• _Work item_: In the entries below, find the string "Nagara" and return each line holding it.

• _Input for this task_:
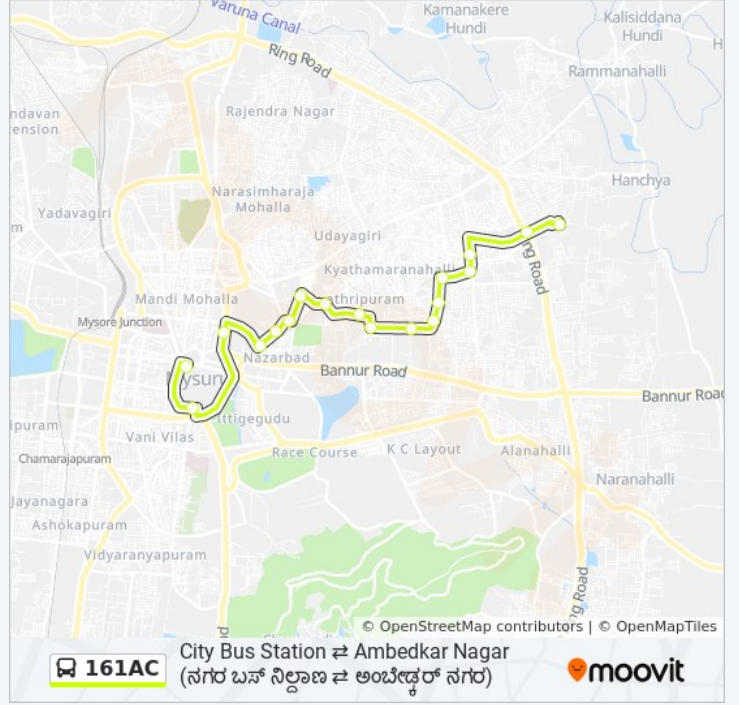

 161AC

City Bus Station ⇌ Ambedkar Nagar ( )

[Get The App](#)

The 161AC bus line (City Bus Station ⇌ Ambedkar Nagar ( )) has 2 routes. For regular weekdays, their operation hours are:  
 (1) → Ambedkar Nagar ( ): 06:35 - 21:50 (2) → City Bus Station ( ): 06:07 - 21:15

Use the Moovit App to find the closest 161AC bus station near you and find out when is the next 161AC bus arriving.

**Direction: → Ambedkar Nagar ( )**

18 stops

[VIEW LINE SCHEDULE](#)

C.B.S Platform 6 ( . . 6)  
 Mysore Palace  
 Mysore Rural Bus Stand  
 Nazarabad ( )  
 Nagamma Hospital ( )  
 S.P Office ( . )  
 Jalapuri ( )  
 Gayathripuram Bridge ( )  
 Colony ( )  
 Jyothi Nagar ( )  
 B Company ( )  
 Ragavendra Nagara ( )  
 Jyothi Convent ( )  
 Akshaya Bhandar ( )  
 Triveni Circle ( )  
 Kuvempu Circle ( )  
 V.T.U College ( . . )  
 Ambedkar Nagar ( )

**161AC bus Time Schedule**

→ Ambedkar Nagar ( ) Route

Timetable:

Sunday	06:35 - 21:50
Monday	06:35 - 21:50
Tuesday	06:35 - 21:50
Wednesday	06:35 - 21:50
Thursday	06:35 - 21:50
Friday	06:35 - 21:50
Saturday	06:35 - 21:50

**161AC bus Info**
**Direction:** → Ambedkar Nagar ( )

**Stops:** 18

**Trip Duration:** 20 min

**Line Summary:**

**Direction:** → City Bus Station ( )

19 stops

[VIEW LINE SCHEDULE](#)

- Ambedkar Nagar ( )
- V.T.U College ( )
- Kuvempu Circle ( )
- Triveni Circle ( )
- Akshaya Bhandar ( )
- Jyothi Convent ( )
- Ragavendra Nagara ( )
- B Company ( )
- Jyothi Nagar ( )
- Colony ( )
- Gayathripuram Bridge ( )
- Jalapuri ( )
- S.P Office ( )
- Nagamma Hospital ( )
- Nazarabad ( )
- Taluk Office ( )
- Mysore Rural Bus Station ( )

* * *

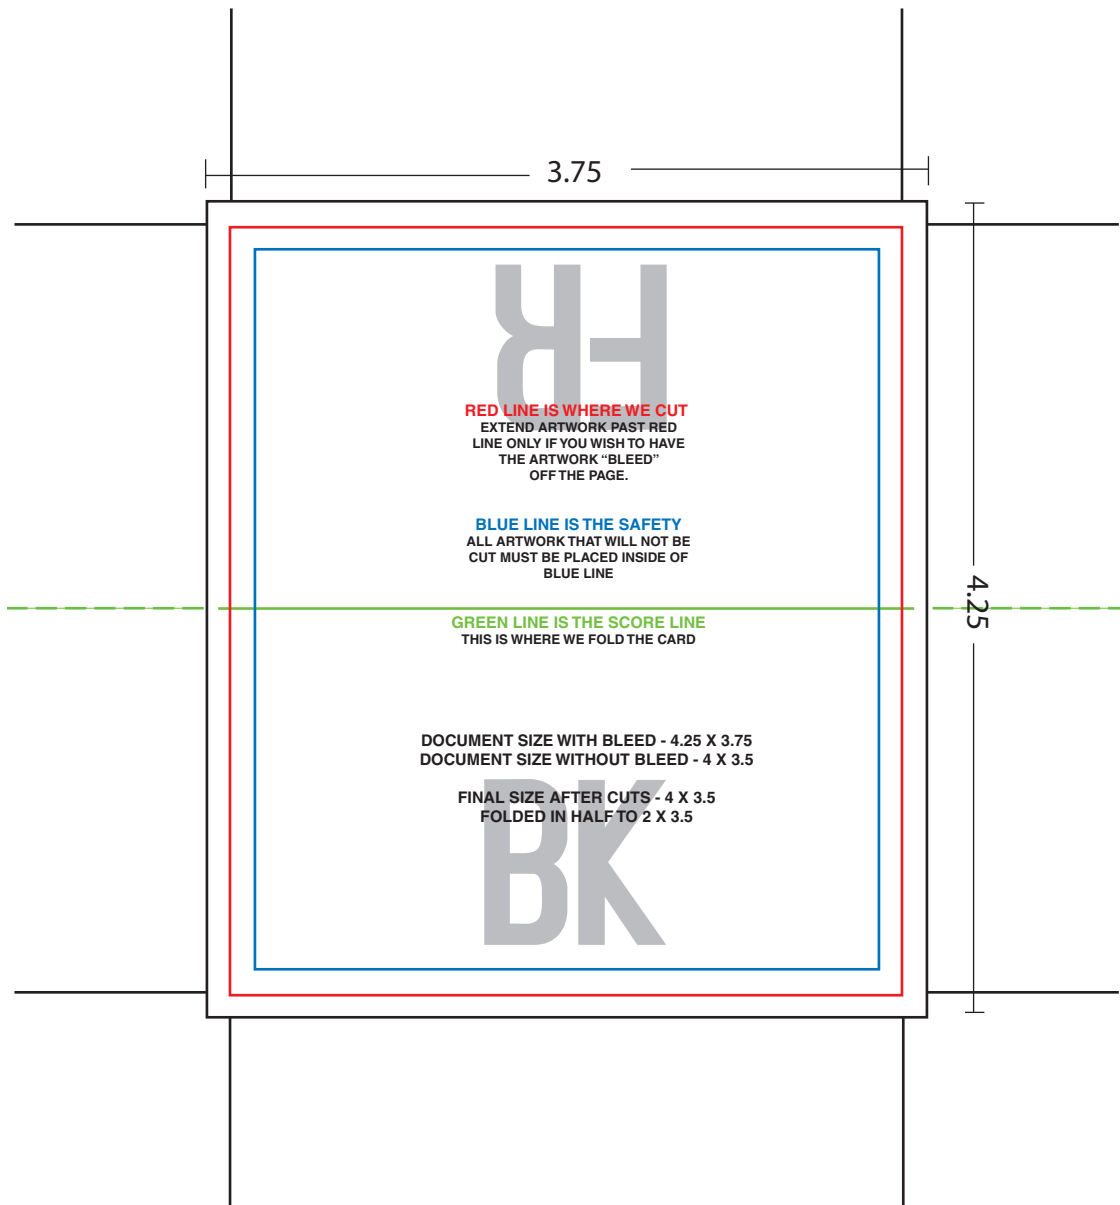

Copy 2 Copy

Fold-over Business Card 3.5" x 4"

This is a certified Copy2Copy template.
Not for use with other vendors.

--

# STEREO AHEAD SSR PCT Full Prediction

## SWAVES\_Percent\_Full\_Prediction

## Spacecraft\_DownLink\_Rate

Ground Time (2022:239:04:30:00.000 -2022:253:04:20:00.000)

• _Response to the exercise_:
 Ragavendra Nagara ( )  
- Ragavendra Nagara ( )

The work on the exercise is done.